### Aim of the task:
The line with "Parte basta", the line with "acero satinado", and all lines between them in the material below: return these exactly, and no others.

☆ ☆ ☆ ☆ ☆ ☆ ☆

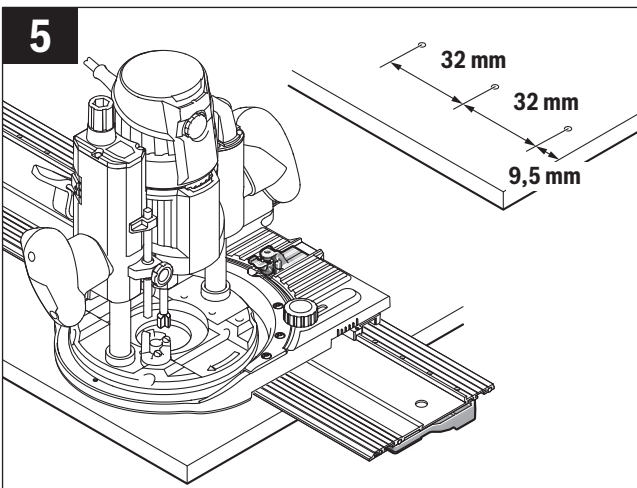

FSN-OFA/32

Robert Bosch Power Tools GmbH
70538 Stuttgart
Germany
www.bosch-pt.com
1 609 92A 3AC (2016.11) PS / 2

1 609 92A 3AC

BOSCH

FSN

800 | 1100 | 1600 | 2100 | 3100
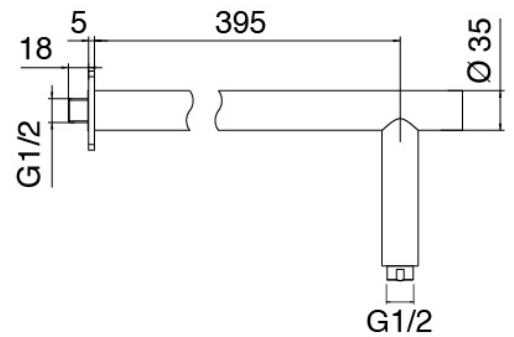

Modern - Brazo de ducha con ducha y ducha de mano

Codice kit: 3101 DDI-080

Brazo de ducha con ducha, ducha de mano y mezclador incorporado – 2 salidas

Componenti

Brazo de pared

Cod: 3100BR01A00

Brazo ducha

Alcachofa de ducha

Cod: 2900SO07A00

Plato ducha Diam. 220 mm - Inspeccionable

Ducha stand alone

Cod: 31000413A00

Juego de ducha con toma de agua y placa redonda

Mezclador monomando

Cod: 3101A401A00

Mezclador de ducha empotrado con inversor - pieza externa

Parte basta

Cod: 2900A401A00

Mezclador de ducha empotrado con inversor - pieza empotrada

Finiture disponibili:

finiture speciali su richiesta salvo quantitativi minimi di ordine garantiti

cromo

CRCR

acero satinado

☆ ☆ ☆ ☆ ☆ ☆ ☆

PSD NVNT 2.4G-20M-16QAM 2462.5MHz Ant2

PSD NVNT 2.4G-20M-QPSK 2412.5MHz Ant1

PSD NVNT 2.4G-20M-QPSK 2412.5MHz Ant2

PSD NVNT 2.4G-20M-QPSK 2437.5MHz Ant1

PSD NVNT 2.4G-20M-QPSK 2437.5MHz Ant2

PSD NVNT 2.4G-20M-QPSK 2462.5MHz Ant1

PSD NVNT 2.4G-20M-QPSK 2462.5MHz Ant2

☆ ☆ ☆ ☆ ☆ ☆ ☆

### Answer area:
Parte basta

Cod: 2900A401A00

Mezclador de ducha empotrado con inversor - pieza empotrada

Finiture disponibili:

finiture speciali su richiesta salvo quantitativi minimi di ordine garantiti

cromo

CRCR

acero satinado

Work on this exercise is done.